# YOUR GOAL
Please give every record below again exactly, and keep the pictures out.
----- SOURCE INFORMATION
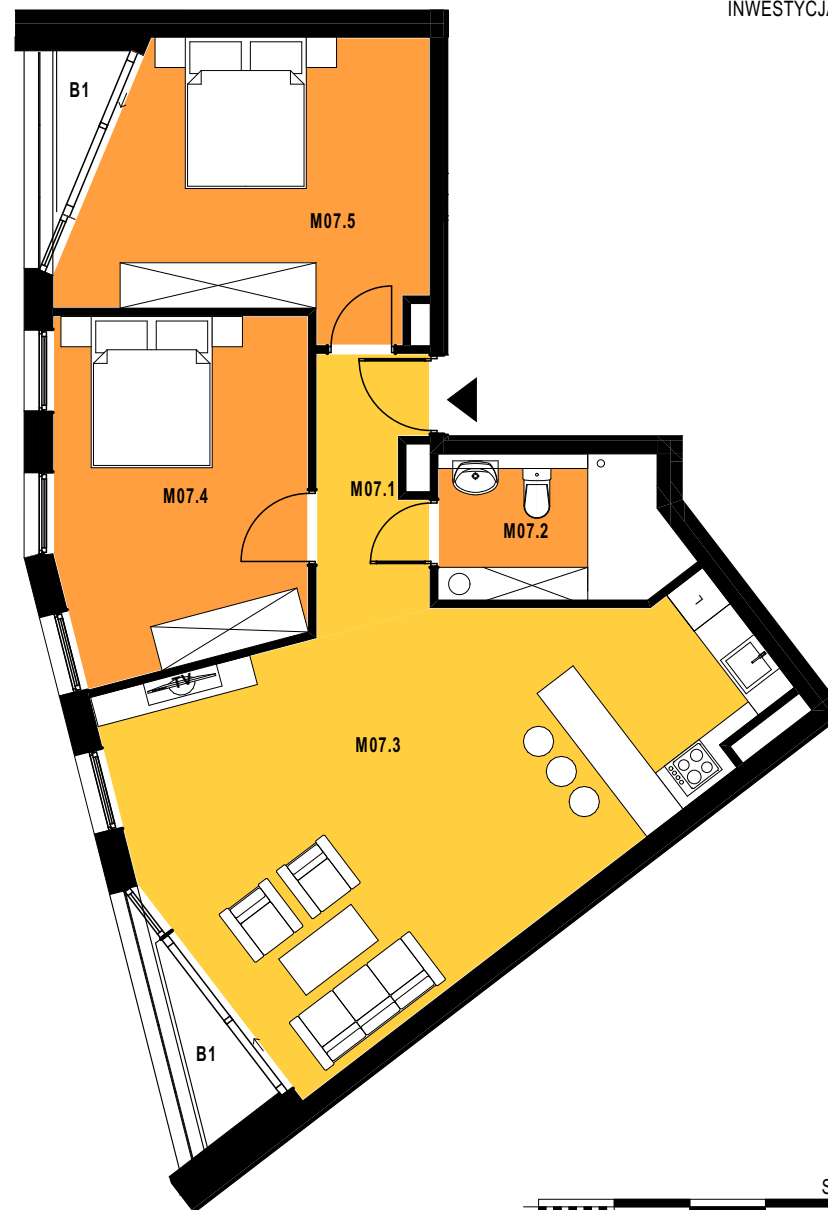

M07

Piętro
3

Powierzchnia mieszkania
77,03 m²

INWESTYCJA: Budynek mieszkalny wielorodzinny
ADRES: Kraków, ul. Szwedzka

M07 - Powierzchnia pomieszczeń			
M07.1	Przedpokój	4,91	m ²
M07.2	Łazienka	5,75	m ²
M07.3	Salon z aneksem kuchennym	35,28	m ²
M07.4	Pokój	14,97	m ²
M07.5	Pokój	16,12	m ²
77,03 m ²			
B1	BALKON	2,40	m ²
B2	BALKON	1,72	m ²

SKALA 1:100
----------
# ANSWER SPACE
M07

Piętro
3

Powierzchnia mieszkania
77,03 m²

INWESTYCJA: Budynek mieszkalny wielorodzinny
ADRES: Kraków, ul. Szwedzka

M07 - Powierzchnia pomieszczeń			
M07.1	Przedpokój	4,91	m ²
M07.2	Łazienka	5,75	m ²
M07.3	Salon z aneksem kuchennym	35,28	m ²
M07.4	Pokój	14,97	m ²
M07.5	Pokój	16,12	m ²
77,03 m ²			
B1	BALKON	2,40	m ²
B2	BALKON	1,72	m ²

SKALA 1:100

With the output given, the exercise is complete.